Aspergers (High-Functioning Autism) is a neurological condition. The brain is wired differently, making this disorder a lifelong condition. It affects communication, social interaction and sensory issues. Aspergers is often referred to as the "invisible syndrome" because of the internal struggles these kids have without outwardly demonstrating any real noticeable symptoms. Thus, difficultly assessing someone with Aspergers is even more impacted.

Kids with this disorder struggle with a problem and internalize their feelings until their emotions boil over, leading to a complete meltdown. These outbursts are not a typical temper tantrum. For children with Aspergers (and for their parents), these episodes are much worse.

Many Aspergers kids may appear under-receptive or over-receptive to sensory stimulation and therefore may be suspected of having vision or hearing problems. Therefore, it's not unusual for parents or teachers to recommend hearing and vision tests. Some kids may avoid gentle physical contact such as hugs, yet they react positively to rough-and-tumble games. Some Aspergers kids have a high pain tolerance, yet they may not like to walk barefoot in grass.

There are nine different types of temperaments in Aspergers children:
  1. Distractible temperament predisposes the child to pay more attention to his or her surroundings than to the caregiver.
  2. High intensity level temperament moves the child to yell, scream, or hit hard when feeling threatened.
  3. Hyperactive temperament predisposes the child to respond with fine- or gross-motor activity.
  4. Initial withdrawal temperament is found when children get clingy, shy, and unresponsive in new situations and around unfamiliar people.
  5. Irregular temperament moves the child to escape the source of stress by needing to eat, drink, sleep, or use the bathroom at irregular times when he or she does not really have the need.
  6. Low sensory threshold temperament is evident when the child complains about tight clothes and people staring and refuses to be touched by others.
  7. Negative mood temperament is found when children appear lethargic, sad, and lack the energy to perform a task.
  8. Negative persistent temperament is seen when the child seems stuck in his or her whining and complaining.
  9. Poor adaptability temperament shows itself when children resist, shut down, and become passive-aggressive when asked to change activities.

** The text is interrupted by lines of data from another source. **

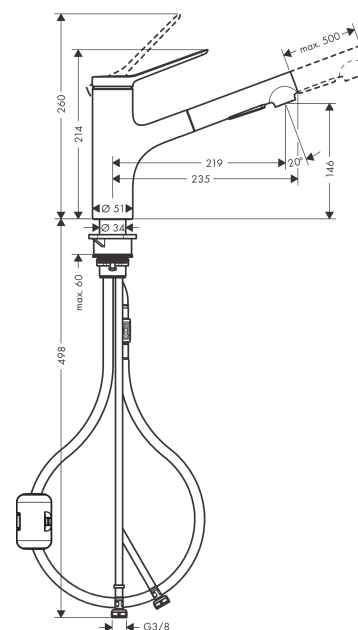

**Zesis M33****Кухонный смеситель однорычажный, 150 с вытяжным душем, 2jet**Поверхности : **под сталь**    Артикульный номер: **74800800****Описание****Характеристики**

- ComfortZone 150
- угол поворота излива: 150°
- ламинарная струя, Душевая струя
- фиксируемая душевая струя, автоматическое переключение струи в исходный режим закрытием смесителя
- душевой шланг Quick-Connect
- максимальный расход воды при 3 бар: 8,2 л/мин
- керамический узел смешивания
- соединительные шланги G 3/8
- регулируемое ограничение температуры
- встроенный клапан обратного тока воды
- подходит для проточных водонагревателей
- длина удлинения До 50 см

**Технология****Продукт****Чертеж**

**Zesis M33**

**Кухонный смеситель однорычажный, 150 с вытяжным душем, 2jet**

Поверхности : **под сталь** Артикульный номер: **74800800**

**График расхода воды**

Some meltdowns are worse than others, but all leave both parent and kid exhausted. Meltdowns are not a pretty sight. They are somewhat like overblown temper tantrums, but unlike tantrums, meltdowns can last anywhere from ten minutes to over an hour. When it ends, both you and the Aspergers kid are totally exhausted. But… don’t breathe a sigh of relief yet. At the least provocation, for the remainder of that day, and sometimes into the next, the meltdown can return full force.

Meltdowns are overwhelming emotions and quite common in Aspergers kids. What causes them? It can be anything from a very minor incident to something more traumatic. How long do they last? It’s anyone’s guess. They last until the kid is either completely exhausted, or he gains control of his emotions, which is not easy for him to do.

If your kid suffers from Aspergers, expect her to experience both minor and major meltdowns over incidents that are part of daily life. She may have a major meltdown over a very small incident, or may experience a minor meltdown over something that is major. There is no way of telling how she is going to react about certain situations. However, there are some ways to help your kid learn to control his emotions.

Aspergers sufferers don’t really have the knowledge to decipher when their actions are inappropriate. When your kid is calm and relaxed, talk to her about her meltdowns if she is of an age where she can reason and learn to work with you. This will probably not be until the kid is seven or eight years old. Then, tell her that sometimes she does things that are not appropriate. Have her talk to you about a sign you can give her to let her know when this happens.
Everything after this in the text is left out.